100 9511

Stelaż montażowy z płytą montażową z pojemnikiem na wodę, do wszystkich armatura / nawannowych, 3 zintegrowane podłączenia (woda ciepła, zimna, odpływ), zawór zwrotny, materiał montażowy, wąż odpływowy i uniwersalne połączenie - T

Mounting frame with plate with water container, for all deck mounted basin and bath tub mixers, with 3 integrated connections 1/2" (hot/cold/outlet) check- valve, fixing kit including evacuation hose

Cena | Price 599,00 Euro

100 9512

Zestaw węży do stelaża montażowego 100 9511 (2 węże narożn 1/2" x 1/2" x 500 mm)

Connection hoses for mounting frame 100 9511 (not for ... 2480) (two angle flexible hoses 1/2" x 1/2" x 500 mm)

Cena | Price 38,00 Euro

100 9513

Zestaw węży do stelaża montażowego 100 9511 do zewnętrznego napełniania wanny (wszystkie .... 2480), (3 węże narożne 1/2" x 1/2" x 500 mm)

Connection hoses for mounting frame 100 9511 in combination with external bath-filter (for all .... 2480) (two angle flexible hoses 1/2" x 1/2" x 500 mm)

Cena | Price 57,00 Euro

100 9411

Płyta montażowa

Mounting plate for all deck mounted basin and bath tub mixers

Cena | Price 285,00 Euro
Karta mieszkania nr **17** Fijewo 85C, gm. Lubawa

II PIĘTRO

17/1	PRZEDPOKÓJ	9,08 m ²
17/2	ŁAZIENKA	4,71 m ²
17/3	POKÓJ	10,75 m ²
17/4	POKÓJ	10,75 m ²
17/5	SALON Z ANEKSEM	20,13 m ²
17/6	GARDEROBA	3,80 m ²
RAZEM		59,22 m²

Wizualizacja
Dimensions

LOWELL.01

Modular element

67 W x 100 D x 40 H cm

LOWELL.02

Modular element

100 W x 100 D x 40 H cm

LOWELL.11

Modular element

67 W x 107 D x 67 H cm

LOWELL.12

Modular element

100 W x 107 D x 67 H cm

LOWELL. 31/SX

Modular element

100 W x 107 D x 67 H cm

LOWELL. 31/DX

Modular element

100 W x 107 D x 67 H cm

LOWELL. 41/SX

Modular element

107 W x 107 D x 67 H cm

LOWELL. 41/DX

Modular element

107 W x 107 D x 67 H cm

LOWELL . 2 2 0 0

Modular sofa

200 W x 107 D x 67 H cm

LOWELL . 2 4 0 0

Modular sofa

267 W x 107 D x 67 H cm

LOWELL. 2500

> _REQUIREMENT_
Your answer should be the lines from the one that contains "LOWELL . 2 2 0 0" through the last line of the material, copied exactly.

> _ANSWER TO THIS PROBLEM_
LOWELL . 2 2 0 0

Modular sofa

200 W x 107 D x 67 H cm

LOWELL . 2 4 0 0

Modular sofa

267 W x 107 D x 67 H cm

LOWELL. 2500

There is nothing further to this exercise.